> [DATA LISTING]

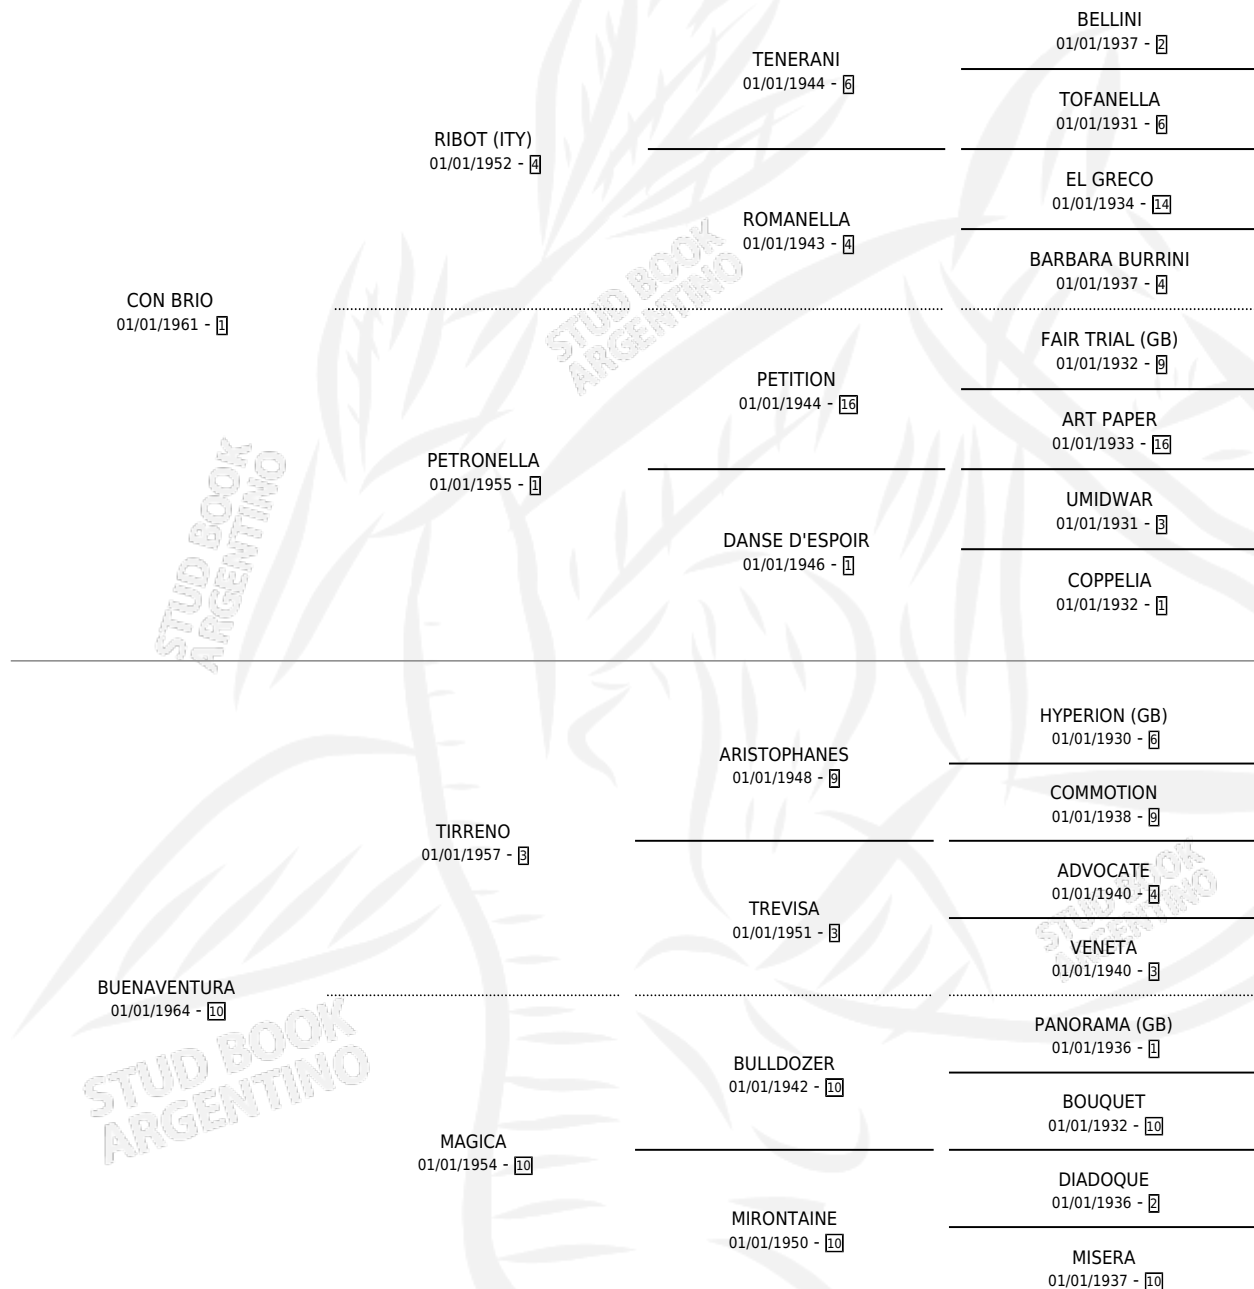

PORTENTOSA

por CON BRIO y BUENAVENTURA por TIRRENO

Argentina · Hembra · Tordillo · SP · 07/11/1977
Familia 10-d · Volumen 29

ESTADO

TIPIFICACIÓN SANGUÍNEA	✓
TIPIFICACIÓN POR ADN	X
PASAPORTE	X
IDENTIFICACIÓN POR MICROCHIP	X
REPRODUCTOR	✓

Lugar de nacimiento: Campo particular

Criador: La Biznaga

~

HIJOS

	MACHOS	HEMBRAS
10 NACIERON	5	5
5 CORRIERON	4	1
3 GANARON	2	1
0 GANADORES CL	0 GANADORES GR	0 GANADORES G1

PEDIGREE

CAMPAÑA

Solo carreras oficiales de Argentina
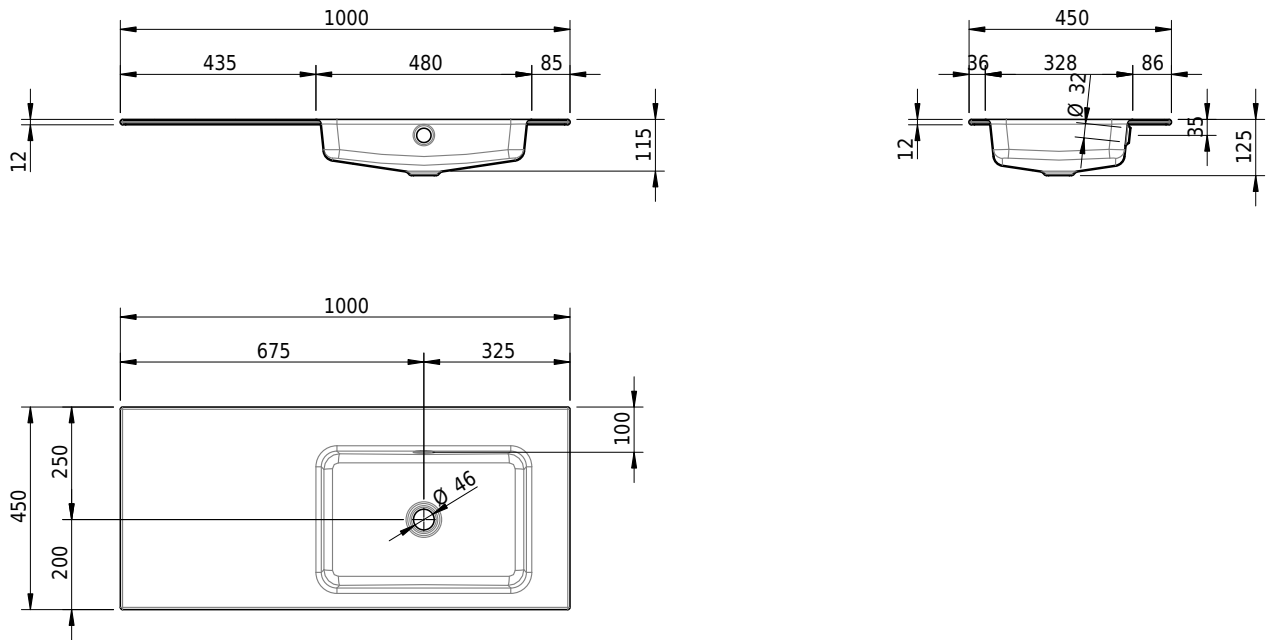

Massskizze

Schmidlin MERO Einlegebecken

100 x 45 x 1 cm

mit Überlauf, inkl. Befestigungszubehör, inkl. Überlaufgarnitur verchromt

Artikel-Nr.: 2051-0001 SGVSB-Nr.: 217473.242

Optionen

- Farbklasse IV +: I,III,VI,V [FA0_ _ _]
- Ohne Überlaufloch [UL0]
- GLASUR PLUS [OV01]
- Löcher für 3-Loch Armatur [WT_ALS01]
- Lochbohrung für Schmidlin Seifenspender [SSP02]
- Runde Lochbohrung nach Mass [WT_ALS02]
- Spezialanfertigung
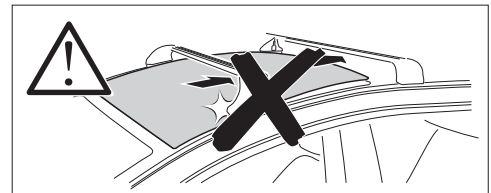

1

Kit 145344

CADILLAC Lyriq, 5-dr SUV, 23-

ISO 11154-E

> [EXERCISE] In your copy of the records, include no pictures; repeat everything else exactly.

> [RESULT BELOW]
PORTENTOSA

por CON BRIO y BUENAVENTURA por TIRRENO

Argentina · Hembra · Tordillo · SP · 07/11/1977
Familia 10-d · Volumen 29

ESTADO

TIPIFICACIÓN SANGUÍNEA	✓
TIPIFICACIÓN POR ADN	X
PASAPORTE	X
IDENTIFICACIÓN POR MICROCHIP	X
REPRODUCTOR	✓

Lugar de nacimiento: Campo particular

Criador: La Biznaga

~

HIJOS

	MACHOS	HEMBRAS
10 NACIERON	5	5
5 CORRIERON	4	1
3 GANARON	2	1
0 GANADORES CL	0 GANADORES GR	0 GANADORES G1

PEDIGREE

CAMPAÑA

Solo carreras oficiales de Argentina

Massskizze

Schmidlin MERO Einlegebecken

100 x 45 x 1 cm

mit Überlauf, inkl. Befestigungszubehör, inkl. Überlaufgarnitur verchromt

Artikel-Nr.: 2051-0001 SGVSB-Nr.: 217473.242

Optionen

- Farbklasse IV +: I,III,VI,V [FA0_ _ _]
- Ohne Überlaufloch [UL0]
- GLASUR PLUS [OV01]
- Löcher für 3-Loch Armatur [WT_ALS01]
- Lochbohrung für Schmidlin Seifenspender [SSP02]
- Runde Lochbohrung nach Mass [WT_ALS02]
- Spezialanfertigung

1

Kit 145344

CADILLAC Lyriq, 5-dr SUV, 23-

ISO 11154-E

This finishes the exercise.